Tips for After You’ve Moved in Together
- You’re going to have to make compromises. On foods you eat, on furniture, on things you want to keep or want your partner to throw away. Compromise is a huge thing. I am a hoarder. I can’t get rid of anything and Harry is very minimalist. Sometimes we have to come to a compromise on what I keep vs get rid of. Tip #1.1: do not ever throw anything of your partners away without asking them first. You will have a very big fight and you will be wrong. Harry learned this the hard way.
- Understand your partner. They may have an awful habit that you cannot stand but you have to know that they’ve lived their entire life before you living this way. I’m messy. Like very, very messy. Like a tornado hit messy. And Harry, well he’s very tidy. Likes everything super organized. Harry had to come to the realization that I’ve lived this way for 22 years before he came along. So he bought me jewelry organizers and make up organizers and helps me when I clean up.
- Do things together. Make time to be romantic. Just because you live together and see each other all the time doesn’t mean you’re actually spending quality time together. Go for a brunch date, go see a movie, go for a nice walk together.

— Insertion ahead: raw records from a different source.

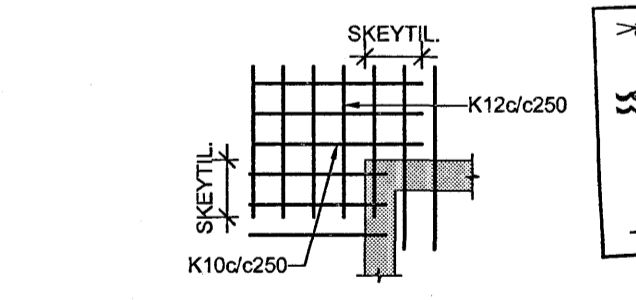

Byggingatillitun Hálfartjórn Algreitt þann
15 JUN '2006

TILVÍSANIR:

ALMENNAR SKÝRINGAR . . . . SJÁ BL. NR. B(15-21)_001

GÖT OG ÚRTÖK Í VEGGI OG PLÖTUR FYRIR HÚS 17 :

NR.	STÆRD	*HÆÐ	NR.	STÆRD	*HÆÐ
A	150x100	2760	L	150x150	
B	200x200	2500	M	150x300	
C	300x200	2510	N	150x400	
E	300x300	2350	P	150x500	
G	200x200		U	150x100	1730
H	500x200	2660	V	150x100	
I	500x150		Þ	200x400	
J	350x200x200				
K	200x200x200				

*HÆÐ = HÆÐ FRÁ STEYPUKÖTA Á NEDRI BRÚN GATS
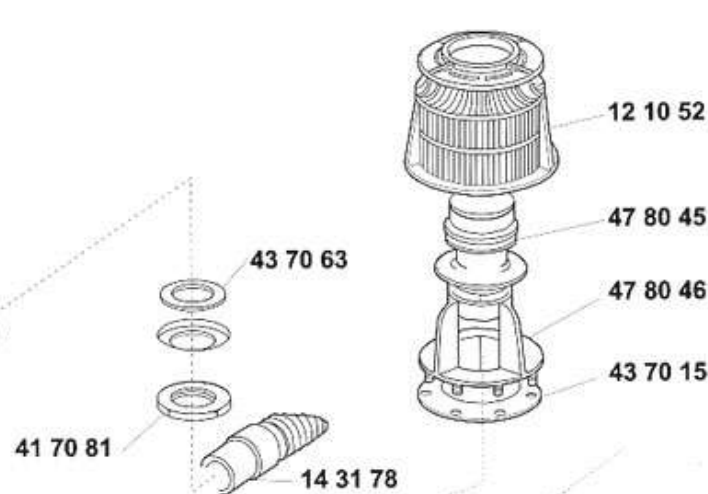

* OPTIONAL
 ● DA MATR.269721

* OPTIONAL

B. 237

13 01 09 (230V- 50Hz)

T. 173

13 01 26 (230V- 50Hz)

T. 175

- TALK TO EACH OTHER. If your partner is doing something that bugs you then you have to say something to them. Say it in a nice way but still say it. Nothings going to change if you don’t say something. It also won’t change over night so be patient.
- Show some effort. I’m not the most on top of cleaning as I could be but when I take a day to do something like clean the apartment or organize some of our stuff, it means a lot to Harry. If you show effort to change some of your bad habits, your partner will really appreciate it.
My Personal Story:
I won’t bore you with every little detail of my moving in experience but I will say it hasn’t been easy. I have A LOT of stuff, which I’ve learned isn’t normal. It definitely comes from my mom. I grew up in a house with lots of stuff so I feel like it’s normal but after moving in with Harry I’ve learned that’s not the case. He’s very minimalistic. Every time he’s moved he’s just gotten rid of everything but the essentials.
We’ve gone through our rough patches. There’s been times where I haven’t pulled my weight when it came to house keeping or times when he’s thrown some of my things out he thought was garbage or times where we both went through a winter slum and gained weight and didn’t feel like ourselves were attractive. There’s been times where I’ve been so sick and he’s felt helpless because he can’t make me better himself. There’s been times when he’s felt down in the dumps because he couldn’t find his dream job. There’s been times where I’ve not been able to control my finances and been very in debt (because I’m terrible with money and spending) but Harry’s always been there for me to help me make a plan to get myself out of it. There’s been times when we’ve each thought of breaking up with the other for different reasons.
This is what living together is like. No lies, no exaggerations, no leaving anything out. But we’ve worked through it because if there’s one thing Harry and I are good at, it’s communicating, talking things out, and never letting each other going to bed angry. That’s a big rule in our household. And we’re still working on it. That’s the main thing I can emphasize to anyone looking to move in with their partner. It’s always going to be a work in progress.